Exercise directions: In the records below, find every line with the word "Spring" and copy it.

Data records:

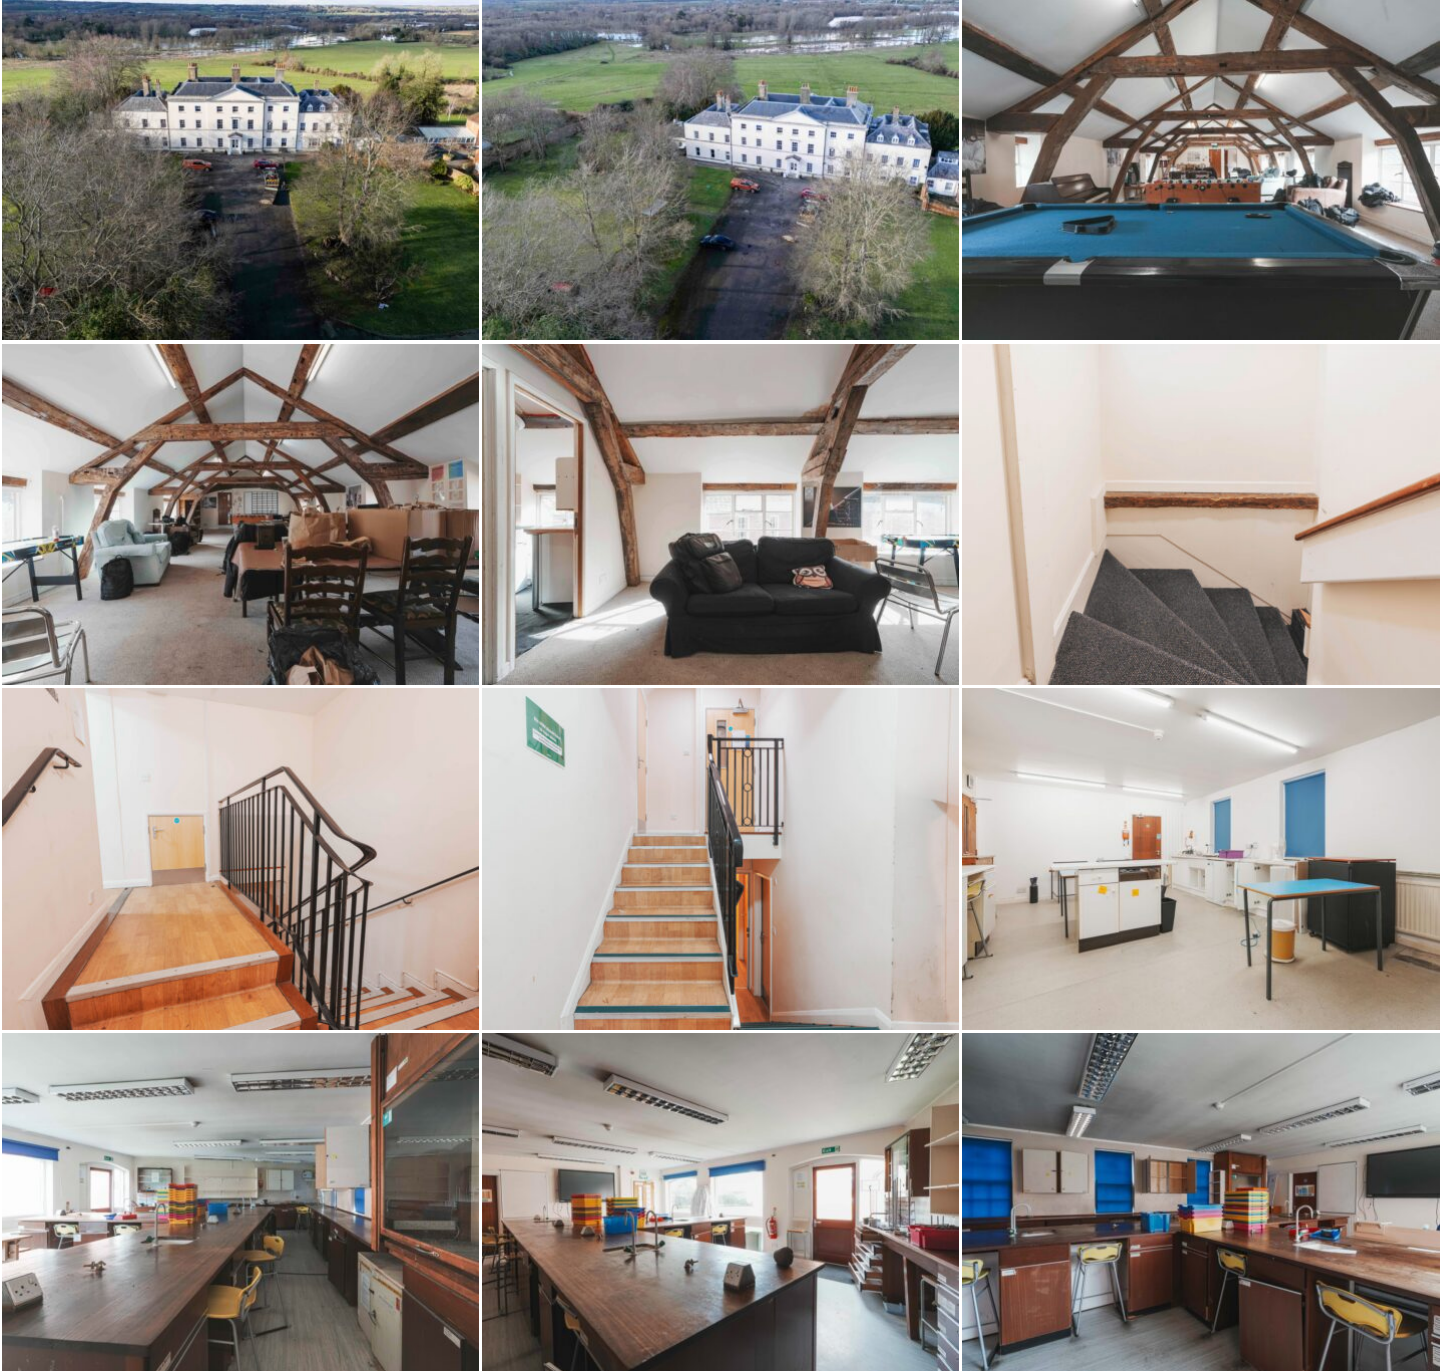

LOCATION HQ

More information available on the [Location HQ website](https://www.locationhq.co.uk)

Tel: +44 (0) 203 302 0664 | E-mail: info@locationhq.co.uk

REF: 697671 REGION: Berkshire DISTANCE FROM LONDON: 18 Miles from M25
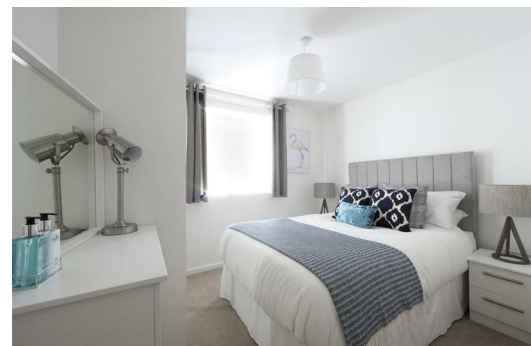

Heyfields, Manchester, M28 3YN

£885 Per Month

Feast your eyes on our Roosevelt apartments. Perfect for singles or a couple, they feature a contemporary open plan kitchen, living and dining area, a beautiful double bedroom with fitted wardrobe, and a sizeable bathroom. Energy efficient, these apartments have quality flooring and blinds throughout. Secure as they are comfortable, you also benefit from feature fitted alarm systems and secure-by-design windows and doors.

Introducing the Roosevelt apartment. This light, modern one bedroom apartment is the perfect size for someone living alone or a couple sharing. The Roosevelt features a contemporary open plan kitchen, living and dining area, a beautiful double bedroom with fitted wardrobe, and a sizeable bathroom.

This apartment comes with quality flooring throughout. Carpets included in the bedroom makes the space feel nice and cosy. The kitchen is fully-fitted with oven, hob, washing machine and fridge-freezer.

Available Now
Deposit: £1,020
Council Tax Band: A
Unfurnished
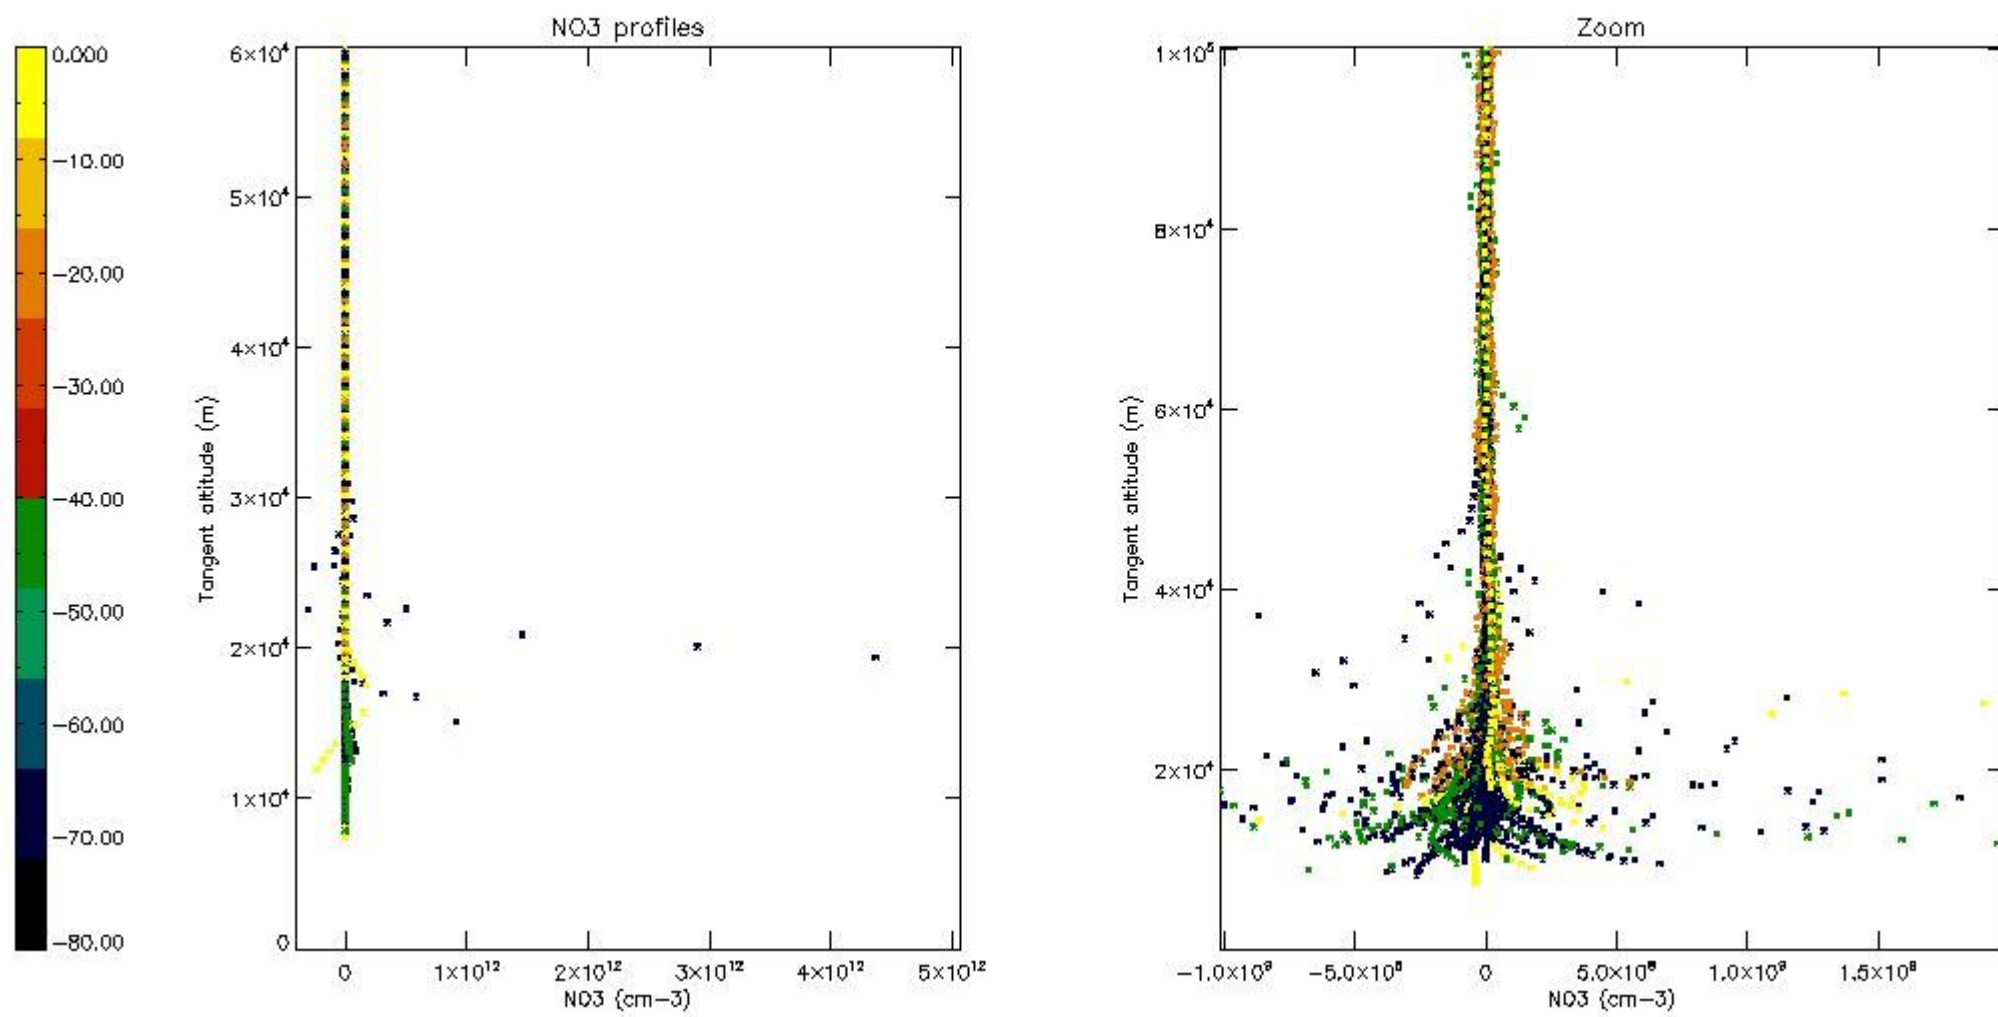

5.8 Plot H2O profiles for all STD (only for occultations of stars 1,2,3,4,13,14,16,26,63 dark without errors)

The colorbar represents the latitude.
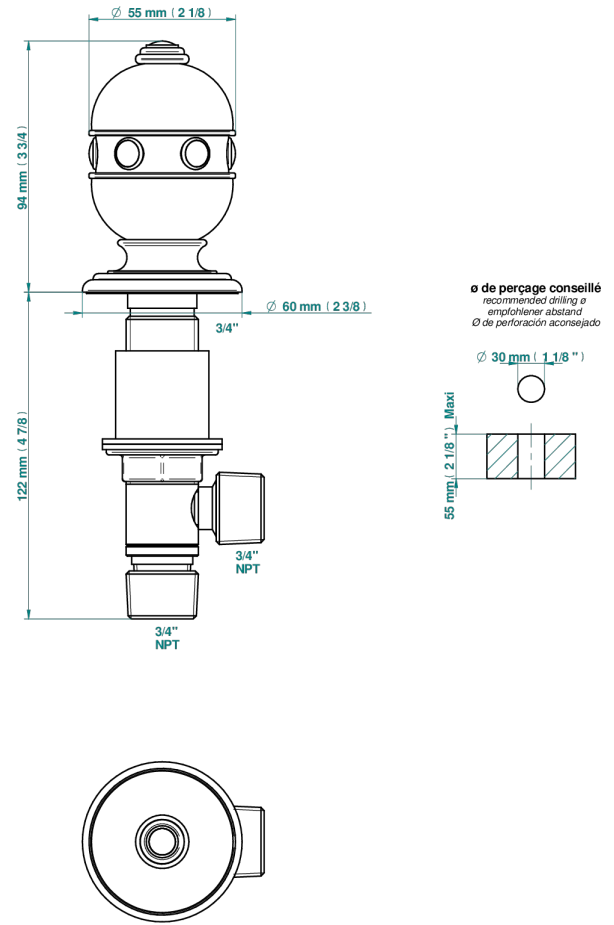

SULLY WHITE ONYX

U1S-36

Rim mounted 3/4" valve

38059

28/02/2024

CHARACTERISTIC

- Sully white onyx
- Rim mounted 3/4" valve

AVAILABLE FINITIONS
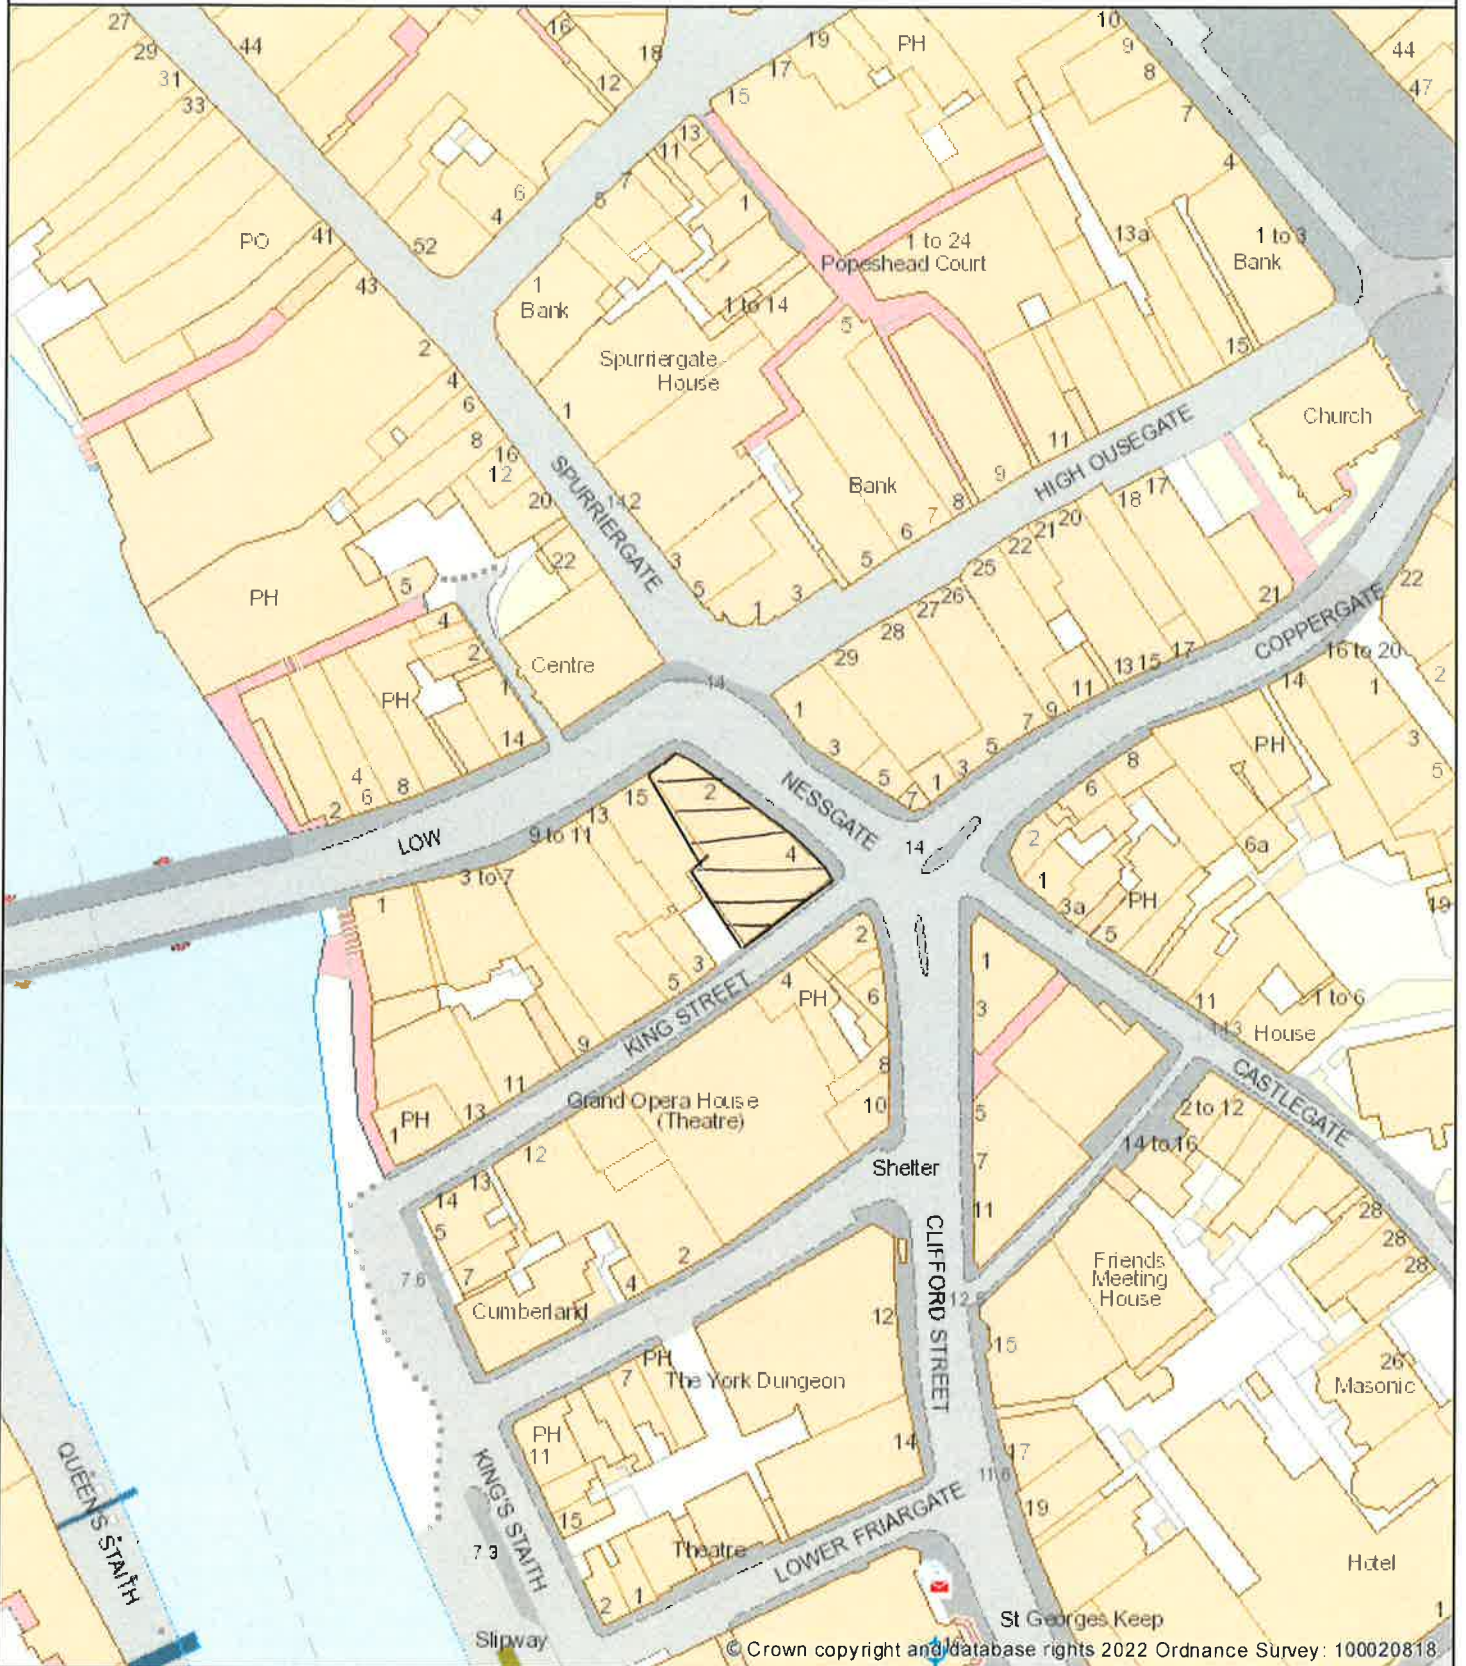

Map of area

Date: 24 Nov 2022

Author: City of York Council

Scale: 1:1,250
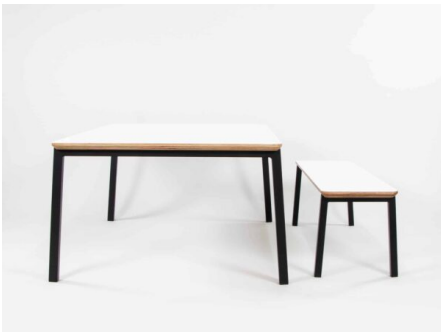

Product Dimensions:

Joinery Hours:

Engineering Hours:

Dispatch Hours:

Cubic Metres:

[Read More](#)

Price: \$670.00 + GST

Categories: [Sets](#), [Table & Seating](#)
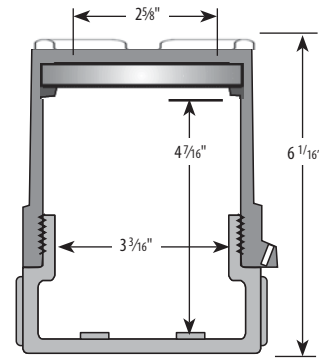

### FLAT SOLID COVER

Catalog Number	Description
XIHFCX2	Flat Cover, 1/2" NPT Hubs
XIHFCX3	Flat Cover, 3/4" NPT Hubs

### DOMESOLID COVER

Catalog Number	Description
XIHDCX2	Dome Cover, 1/2" NPT Hubs
XIHDCX3	Dome Cover, 3/4" NPT Hubs

### FLAT GLASS COVER

Catalog Number	Description
XIHFGCX2	Flat Glass Cover, 1/2" NPT Hubs
XIHFGCX3	Flat Glass Cover, 3/4" NPT Hubs
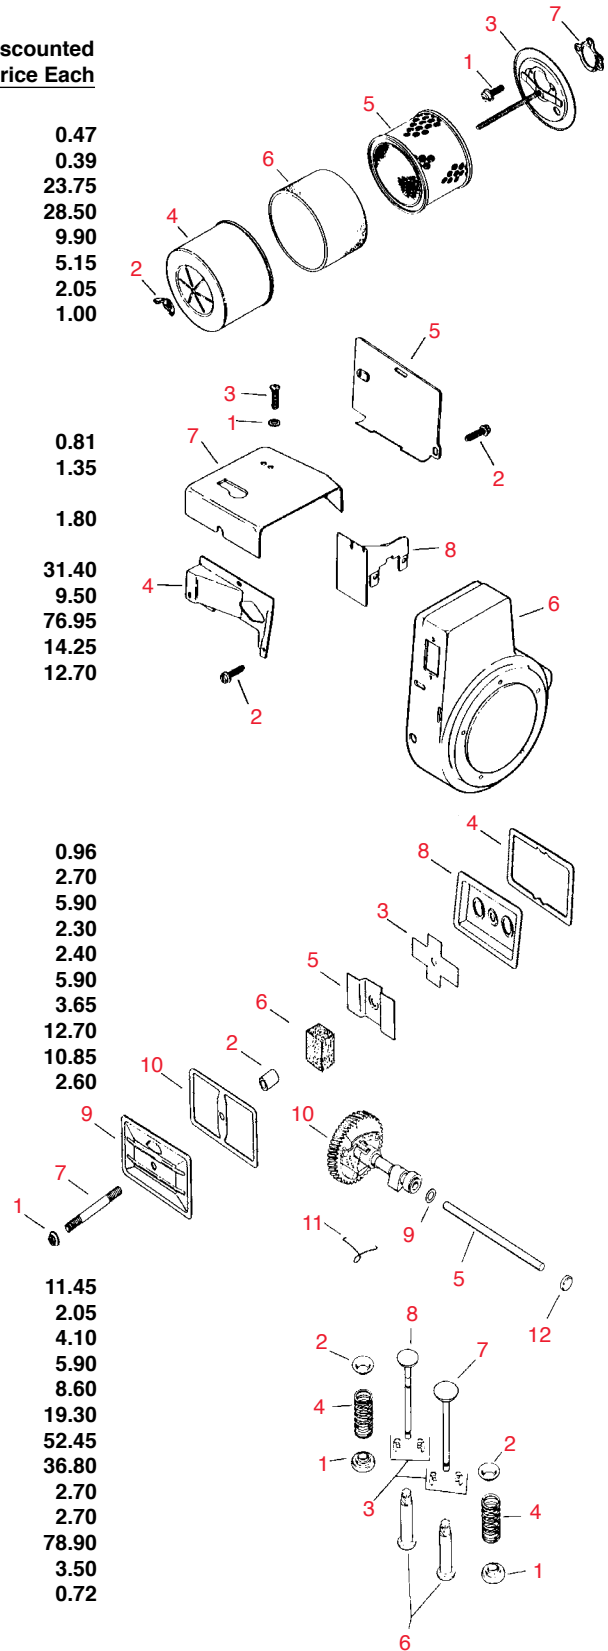

Breather & Vent - Group 3					
1	RKX7991	X-799-1	Kohler Palnut	1	0.96
2	RK231032	231032	Kohler Seal, Breather	1	2.70
3	RK235047	235047	Kohler Reed, Breather	1	5.90
4	RK235048	235048	Kohler Gasket, Valve Cover	1	2.30
5	RK235117	235117	Kohler Baffle, Breather	1	2.40
6	RK235118	235118	Kohler Filter, Breather	1	5.90
7	RK275220	275220	Kohler Stud, Valve Cover	1	3.65
8	RK235631	235631	Kohler Plate, Breather	1	12.70
9	RKA235418	A-235418-S	Kohler Cover, Valve	1	10.85
10	RK275144	275144	Kohler Gasket, Valve Cover	1	2.60

Camshaft & Valves - Group 4					
1	RK5241301	52 413 01	Kohler Rotator	2	11.45
2	RK235011	235011	Kohler Retainer, Spring Upper	2	2.05
3	RK4175510	41 755 10	Kohler Kit, Retainer	2	4.10
4	RK235168	235168	Kohler Spring, Valve	2	5.90
5	RK4738009	47 380 09	Kohler Pin, Camshaft	1	8.60
6	RKD235327	D-235327	Kohler Tappet	2	19.30
7	RK235582	235582	Kohler Valve, Intake	1	52.45
8	RK237672	237672	Kohler Valve, Exhaust	1	36.80
9	RK275066	275066	Kohler Spacer, Camshaft .005 (A.R.)	1	2.70
9	RK275067	275067	Kohler Spacer, Camshaft .010 (A.R.)	1	2.70
10	RK4701011	47 010 11	Kohler Camshaft Assy.	1	78.90
11	RK4708901	47 089 01	Kohler Spring, Actuating	1	3.50
12	RKX7023	X-702-3	Kohler Plug, Cup	1	0.72

Task result:
2	RK235011	235011	Kohler Retainer, Spring Upper	2	2.05
4	RK235168	235168	Kohler Spring, Valve	2	5.90
11	RK4708901	47 089 01	Kohler Spring, Actuating	1	3.50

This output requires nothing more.